Sejak Pandemi, Pernikahan di Bawah Umur Melonjak di Yordania

529

Muslim Obsession – Pernikahan di bawah umur di Yordania melonjak tahun lalu selama pandemi virus corona (COVID-19) karena meningkatnya kesulitan keuangan di antara keluarga miskin.

Kelompok hak asasi manusia memperingatkan. Jumlah pernikahan di bawah umur yang terdaftar di pengadilan Syariah melonjak hampir 12 persen dari 2019 hingga 2020, menurut data baru dari Kepala Departemen Kehakiman Islam, dikutip dari Arab News, Jumat (13/8/2021).

Sementara hukum perdata Yordania menempatkan usia legal untuk menikah pada 18 untuk pria dan wanita, itu juga memungkinkan pengecualian bagi mereka yang berusia 15 tahun ke atas jika hakim menganggapnya sebagai kepentingan terbaik mereka.

Peningkatan tajam telah menyebabkan seruan untuk perubahan undang-undang. Sekretaris Jenderal Komisi Nasional Yordania untuk Wanita Salma Al-Nims menyalahkan pandemi dan beban ekonomi yang diakibatkannya, serta tingkat putus sekolah sebagai penyebab “melonjaknya” pernikahan di bawah umur.

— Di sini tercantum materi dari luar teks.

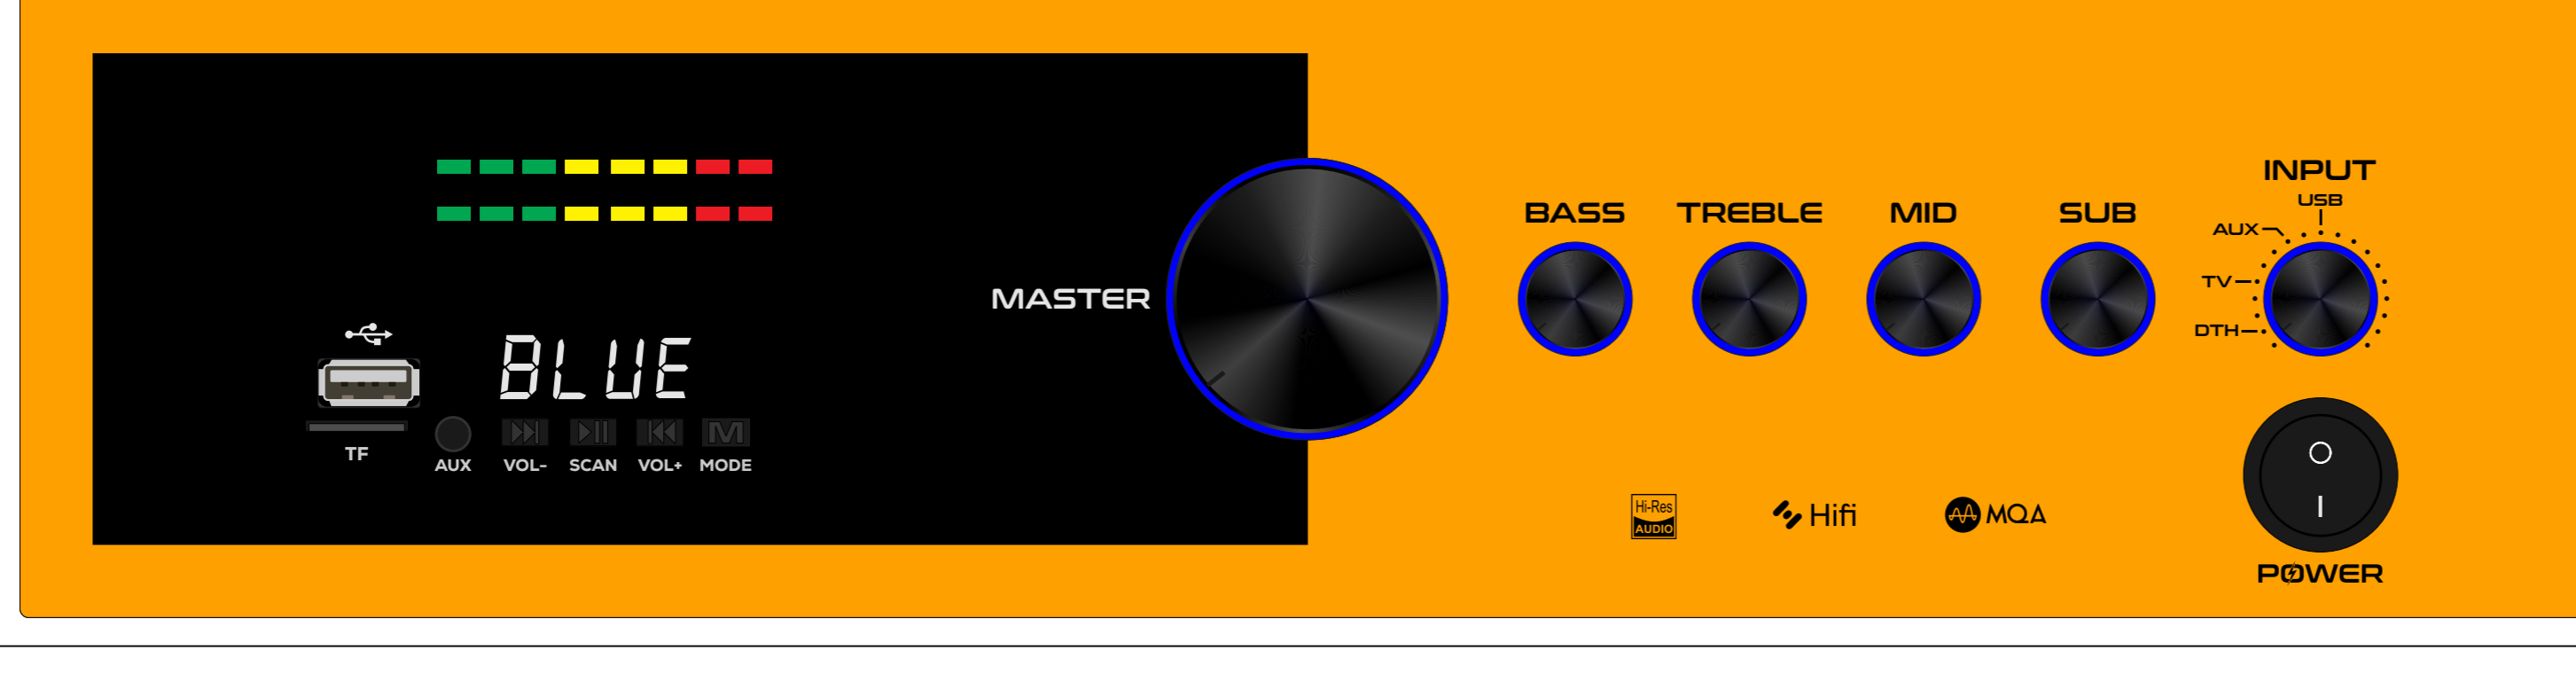

ORANGE

GOLDEN YELLOW
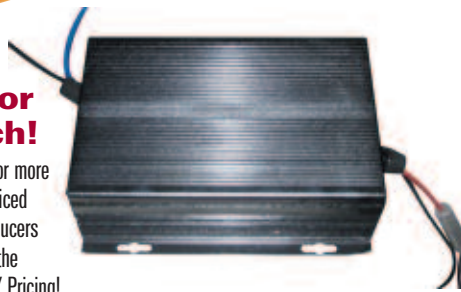

36V-48V to 12V, 10 Amp Voltage Reducer
Features a Thermal Overload Switch plus
voltage and amperage overload protection.
Item #
VOLT-0003

24V-48V to 12V, 25 Amp Voltage Reducer
Features a Thermal Overload Switch plus
voltage and amperage overload protection.
Item #
VOLT-0002

**16V-18V to 12V, 10 Amp
Voltage Reducer**
VOLT-0001
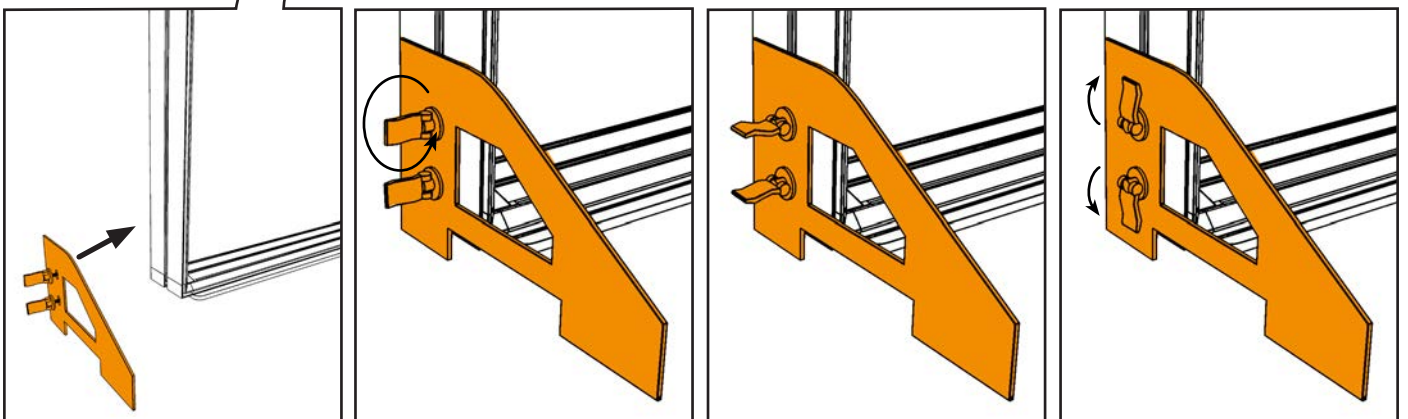

isyLED 8

Zubehör/Accessories

55°-135°
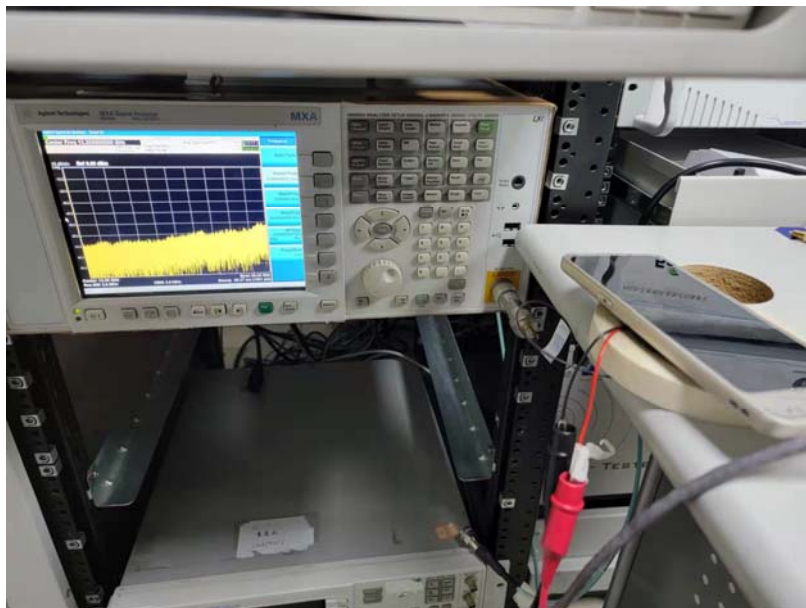

**TEST SETUP**

RF Conducted Test setup (GSM/WCDMA/LTE)

RF Conducted Test setup (BT/WIFI)

9KHz~30MHz

30MHz~1GHz

>1GHz
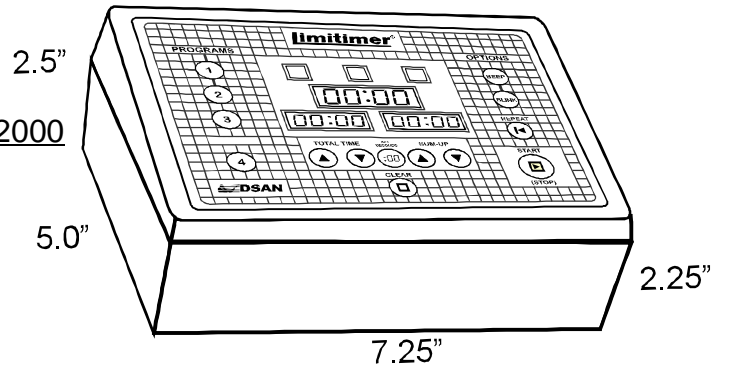

ASL2-ND3

PRO-2000
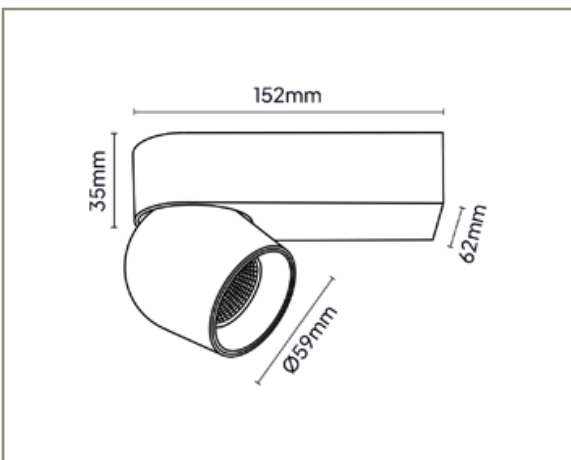

VENUS

KEYLIGHT surface spotlight · 10W · 24° · DTW
IP20 · phase-cut dimmable driver included · adjustable

Compact surface-mounted spotlight in die-cast aluminium with Bridgelux Dim-to-Warm light source and included phase-cut dimmable driver. VENUS combines 350° rotation and 55° tilt with a warm 1800–3000K light range, optional beam angles and a clean architectural form in white or black finishes.

technisch beeld

Lichtbron

Power	10 W
Voltage	Driver included
Light source	Bridgelux DtW
Lumens	900 Lm
Light effectiveness	90 Lm/W
Color temperature	1800-3000K DTW
CRI	>90
Beam angles	24° std. / 36° / 50° opt.
Dimmable	Yes, phase-cut included
Adjustable	Rotate 350° / tilt 55°
Protection index	IP20
Hours of life	50,000 h
Warranty	5 years*

Data sheet

Article number	5066.125.24.Δ
Current	250 mA
Driver	Phase-cut included / 1-10V & DALI opt.
Colors	3 white / 5 black
Diameter	59 mm
Length	152 mm
Depth	35 mm
Optional accessories	Gold ring / honeycomb
Material	Die-cast aluminium
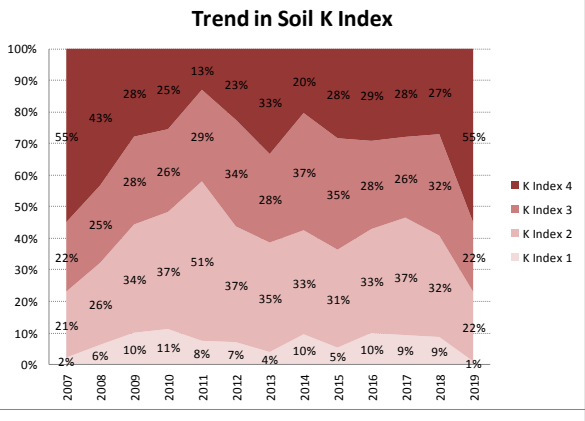

County	Carlow
Year	2019
Enterprise	All Farms
Number of Samples	404

County	Carlow
Year	2019
Enterprise	Dairy
Number of Samples	100

County	Carlow
Year	2019
Enterprise	Drystock
Number of Samples	186

County	Carlow
Year	2019
Enterprise	Tillage
Number of Samples	116
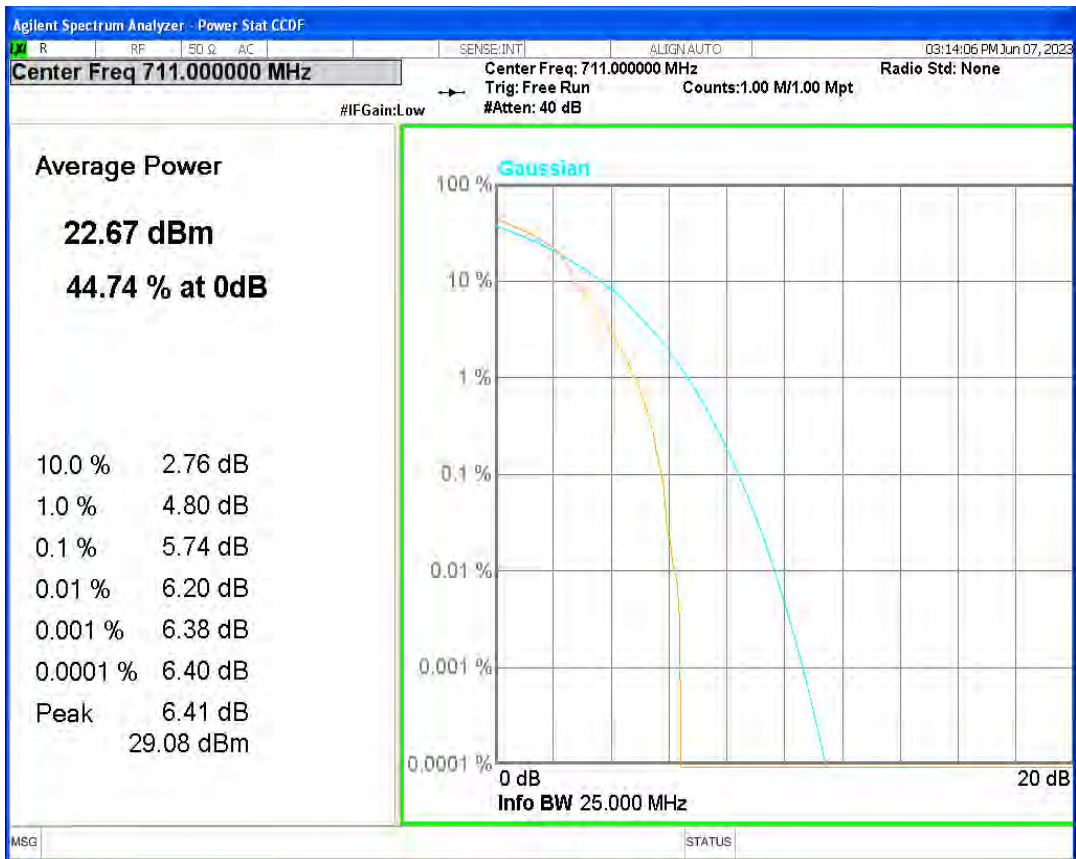

Band12 16QAM BW=10MHz Channel=23130 RB Size=1 Position=#0
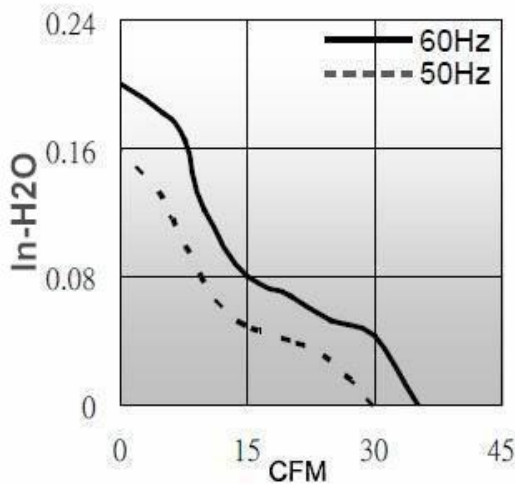

Major Characteristic Parameters

品牌	轴承	电压	频率	功率	转速	风量	静压	噪音		
型号	B/S	V	HZ	W	RPM	m3/mi n	CFM	mm-H2O	In-H2O	dba
SP92B11H-25AL	B / S	110	50/60	15/13	2400/2800	0.85/0.99	30/35	4.0/5.0	0.16/0.20	30/31
SP92B22H-25AL	B / S	220	50/60	15/13	2400/2800	0.85/0.99	30/35	4.0/5.0	0.16/0.20	30/31
SP92B11H-25AT	B / S	110	50/60	15/13	2400/2800	0.85/0.99	30/35	4.0/5.0	0.16/0.20	30/31
SP92B22H-25AT	B / S	220	50/60	15/13	2400/2800	0.85/0.99	30/35	4.0/5.0	0.16/0.20	30/31

*Bearing system B: Two Ball Bearing S: Sleeve Bearing
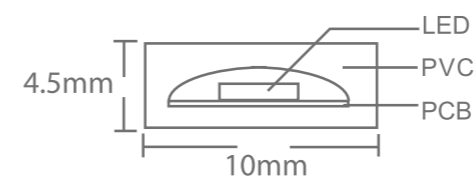

3528 Top LEDs:
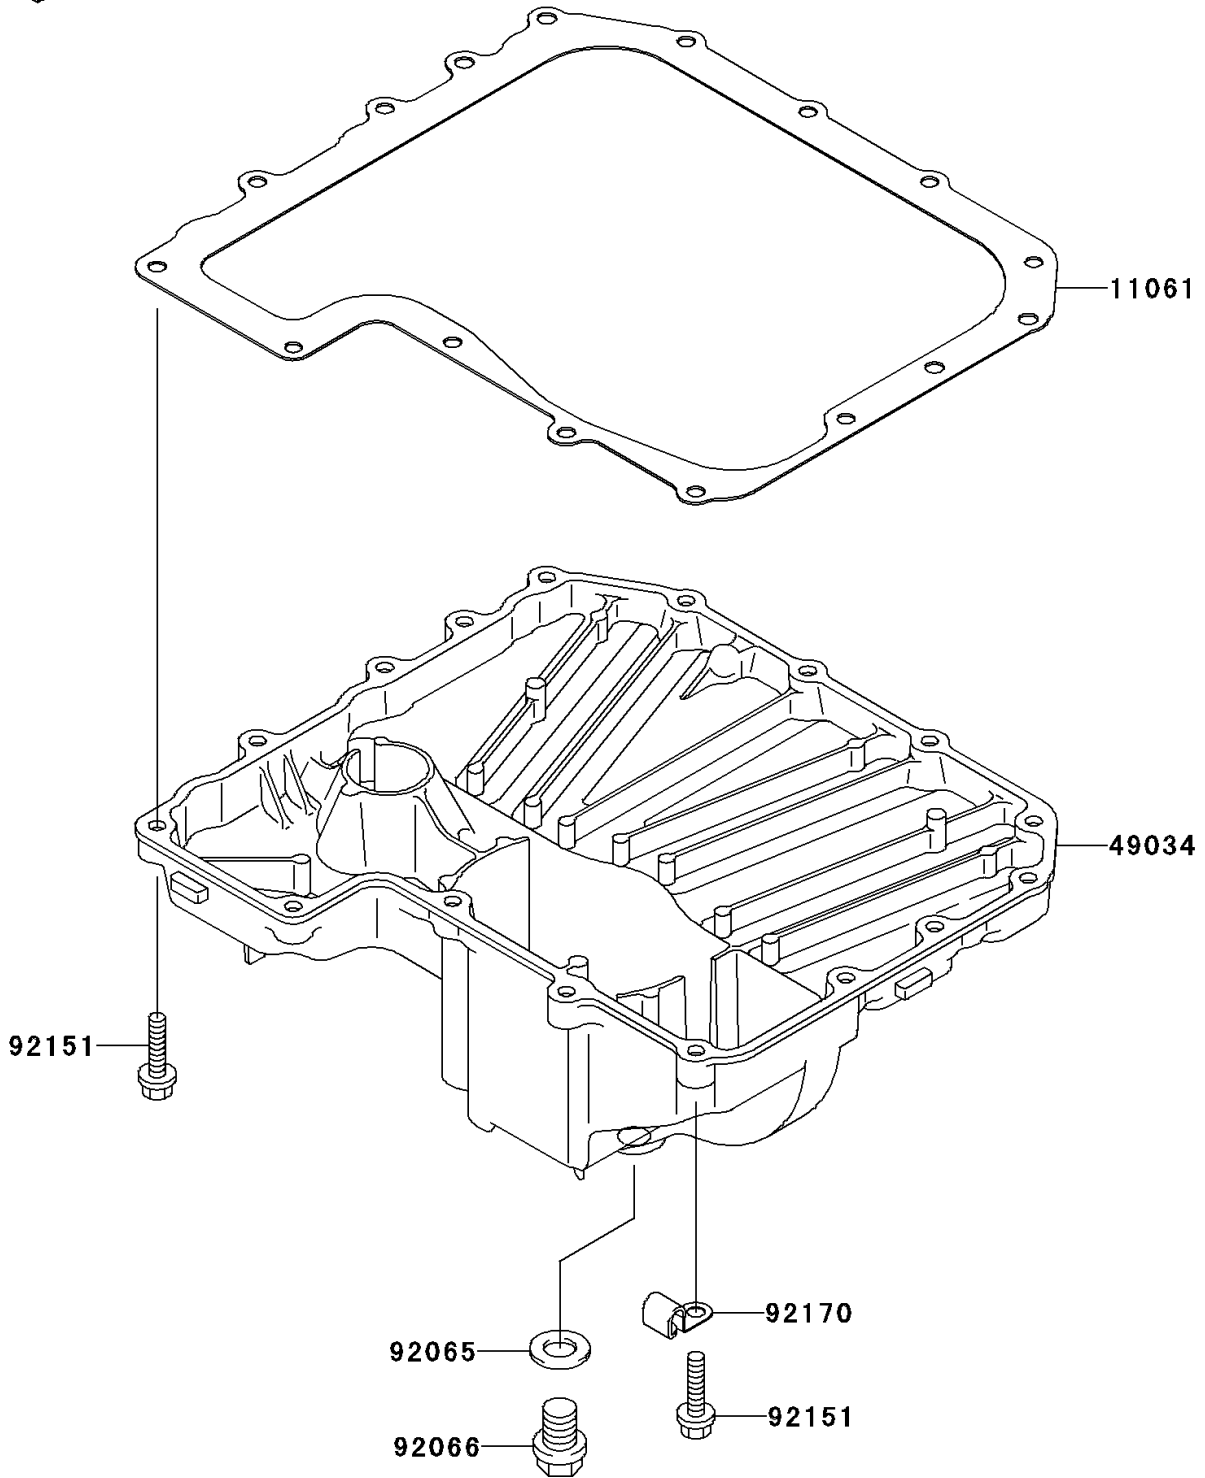

2006 Z750S PARTS DIAGRAM

Oil Pan

E1434

2006 Z750S PARTS LIST

Oil Pan

ITEM NAME	PART NUMBER	QUANTITY
GASKET,OIL PAN (Ref # 11061)	11061-1167	1
PAN-OIL (Ref # 49034)	49034-0004	1
GASKET,12X22X2 (Ref # 92065)	92065-097	1
PLUG,OIL DRAIN,12X15 (Ref # 92066)	92066-1174	1
BOLT,FLANGED,6X25 (Ref # 92151)	92151-1546	16
CLAMP (Ref # 92170)	92170-1804	1
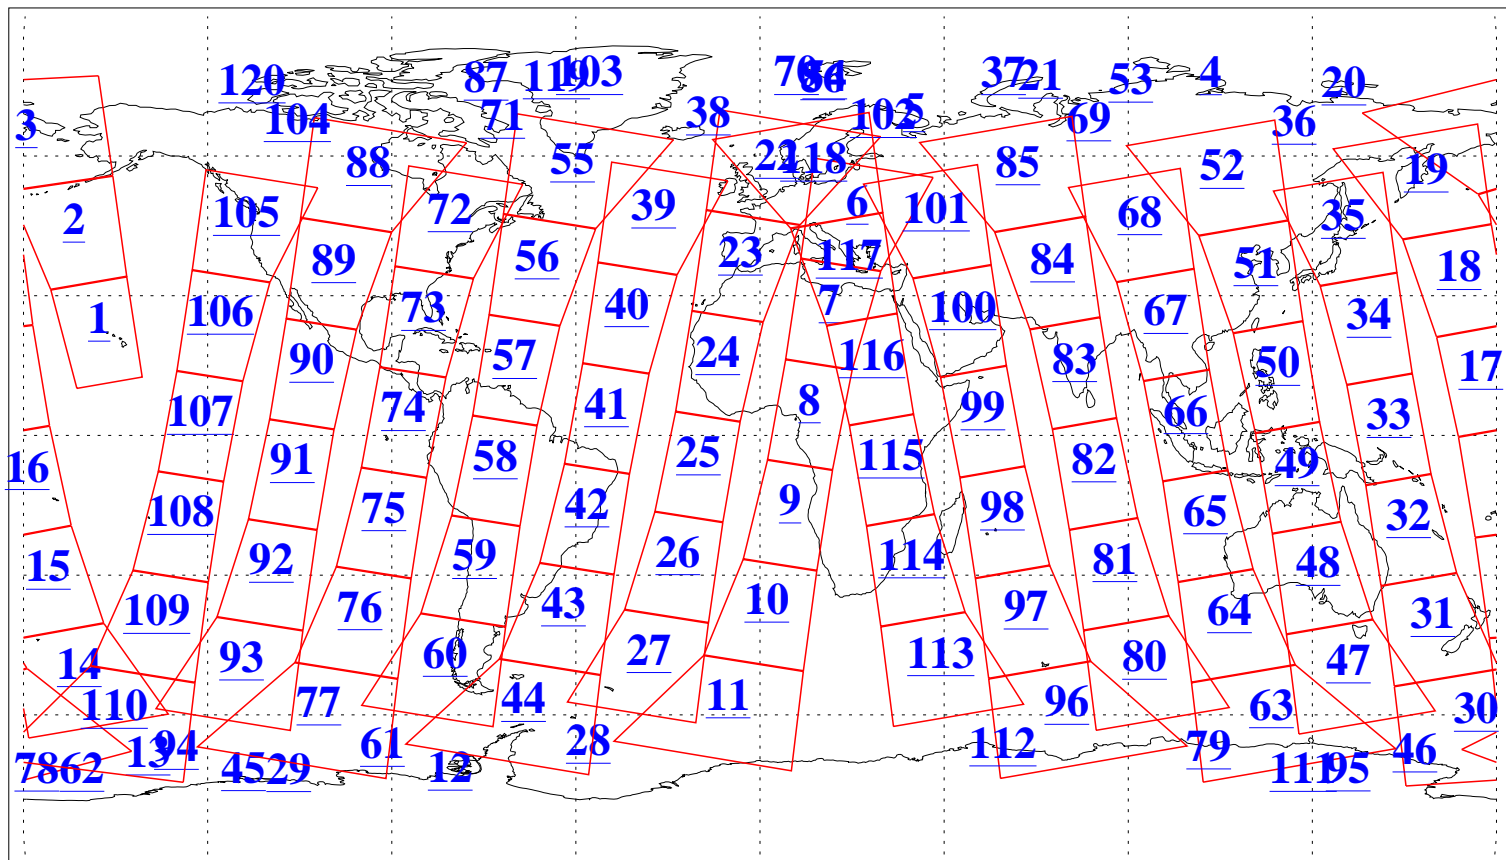

L1B Availability  
AMSU Granules: 240  
HSB Granules: 0  
AIRS Granules: 240

14 Jul 2008  
DoY 196  
Aqua Day 2263  
Granules: 1 to 120

Granules: 121 to 240

Legend: AMSU Available, HSB Available, AIRS Available

L1B Availability  
AMSU Granules: 240  
HSB Granules: 0  
AIRS Granules: 240

14 Jul 2008  
DoY 196  
Aqua Day 2263  
Ascending Granules

Descending Granules

Legend: AMSU Available, HSB Available, AIRS Available

L1B Availability  
 AMSU Granules: 240  
 HSB Granules: 0  
 AIRS Granules: 240

14 Jul 2008  
 DoY 196  
 Aqua Day 2263

Northern Hemisphere Granules

Southern Hemisphere Granules

Legend: AMSU Available, HSB Available, AIRS Available

“Sejak awal krisis COVID-19, komisi telah memperingatkan bahwa pembelajaran jarak jauh akan memperdalam masalah sosial dan akan meningkatkan pekerja anak dan putus sekolah dan akibatnya pernikahan di bawah umur,” kata Al-Nims kepada Arab News.

“Baru kemarin, saya mendengar bahwa seorang gadis berusia 15 tahun menikah dan ketika saya menanyakan alasannya, saya mengetahui bahwa keluarganya mengatakan ‘ya’ karena pengantin prianya kaya. Kenapa hakim menyetujuinya?”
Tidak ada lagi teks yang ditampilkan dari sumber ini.